What does LiftOn do❓#

LiftOn takes GFF files from Liftoff and miniprot and reference protein sequences in a FASTA file, and generates a new annotation file in GFF format. LiftOn works on the same and closely-related species.

  • Input: Liftoff GFF file / miniprot GFF file / protein FASTA file
  • Output: LiftOn GFF file

LiftOn utilizes gene loci coordinates obtained from Liftoff, as Liftoff employs an overlapping fixing algorithm to determine the most suitable gene locus for each gene.

First, LiftOn extracts protein sequences annotated by Liftoff and miniprot, and aligns them to the reference proteins.

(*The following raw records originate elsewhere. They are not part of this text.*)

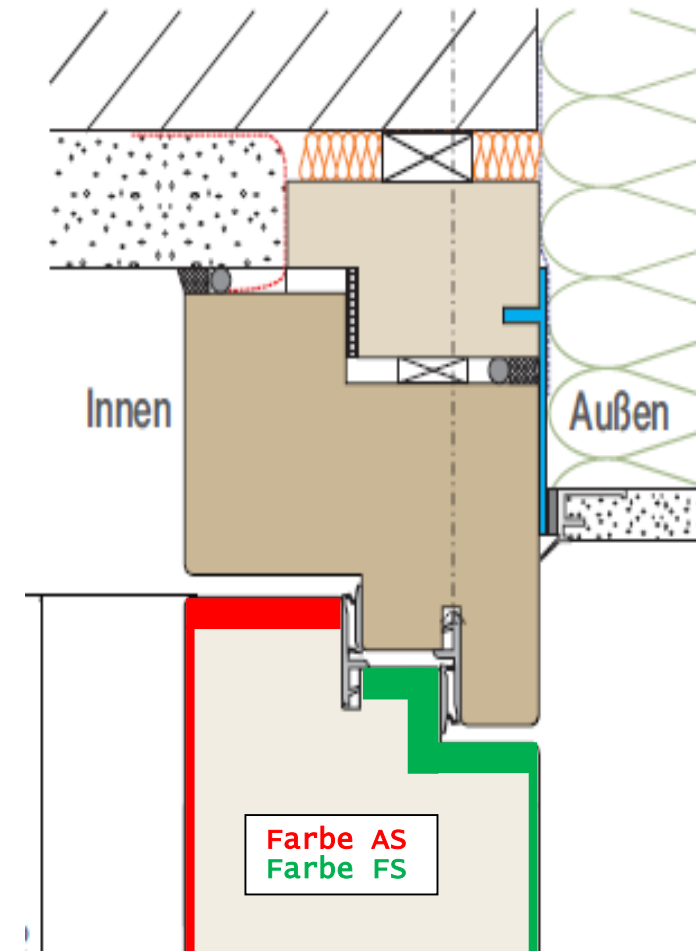

### **Achtung:**

wird die Oberfläche bei einer der genannten Elemente in bündiger Ausführung, AS – FS verschiedenfärbig, bestellt (z.B. Falzseite grau – Anschlagseite weiß), so ist auch die PUR-Kante bei Dana verschiedenfärbig zu bestellen!

### **Fehlerquelle s. Foto:**

Auf der Falzseite (Außen)  
ist die weiße PUR-Kante sichtbar!

Stand 21.12.2015

linz - salzburg - wien - graz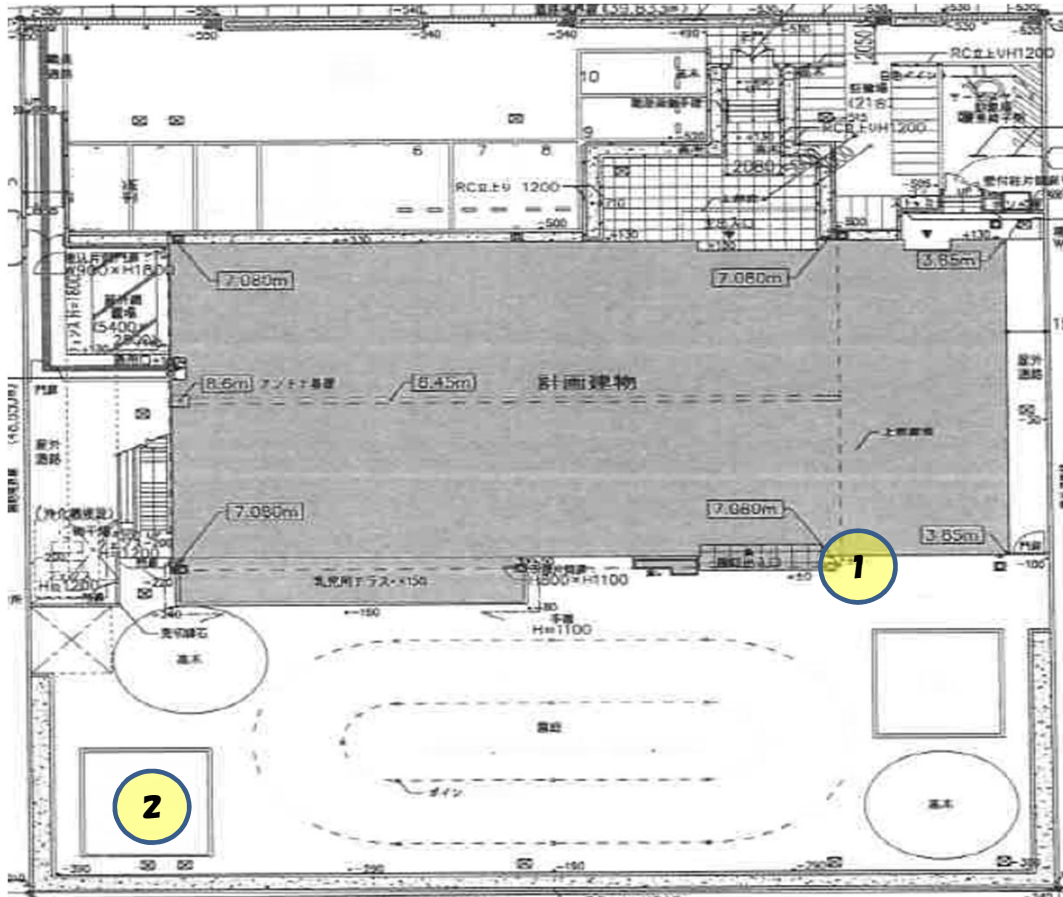

埼玉東萌保育園(140)

測定場所：埼玉東萌保育園

住所：川柳町1-582-1

測定日時：平成 27 年 11 月 24 日（火曜）

13 時 48 分 ~ 14 時 0 分

測定者：子ども育成課

天気：晴れ

測定地点	測定結果 (マイクロシーベルトパーアワー)		
	地上5cm	地上50cm	地上1m
(1) 雨樋	0.08	0.06	0.06
(2) 菜園	0.07	0.07	0.06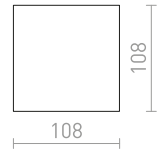

IP65

SENZA

Lieriönmuotoinen LED-ulkovalaisin, jossa on kirkkasinainen pohjalevy ja musta reunus.

SENZA R KATTO

230 V LED 6 W 3000 K 480 lm Ra 80 IP65

R13622 valkoinen/kirkas lasi

€ 98

R13623 tummanharmaa/kirkas lasi

€ 98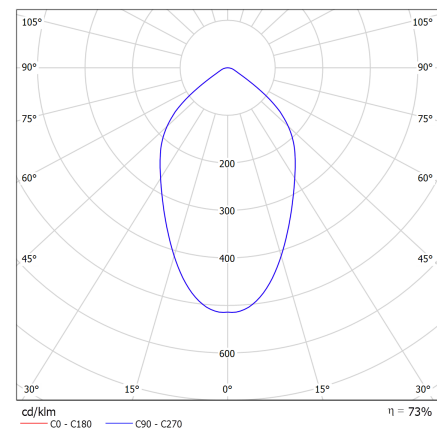

30°

20°

15°

67°

91°

ASIMÉTRICA

CE **DECLARACIÓN DE CONFORMIDAD**
CONFORMITY DECLARATION

Referencia del producto: **6400 58 05 INNVICTUM 500w**
Product reference: **6400 58 05 INNVICTUM 500w**

Next, LiftOn employs an algorithm that compares each section of the protein alignments from Liftoff and miniprot, corrects errors in exon and CDS boundaries, and produces the optimal protein annotations.


Who is it for❓#

  1. If you have sequenced and assembled a new human genome and need to annotate it, LiftOn is the ideal choice for generating annotations.
  2. If you wish to utilize the finest CHM13 annotation, you can run LiftOn! We have also pre-generated the T2T_CHM13_LiftOn.gff3 file for your convenience."

Installation#

LiftOn is on PyPi. This is the easiest installation approach. Check out all the releases here.

$ pip install lifton

You can also install LiftOn from source

$ git clone https://github.com/Kuanhao-Chao/LiftOn --recursive

$ cd lifton

$ python setup.py install


Quick Start#

Running LiftOn is simple. It only requires one line of code!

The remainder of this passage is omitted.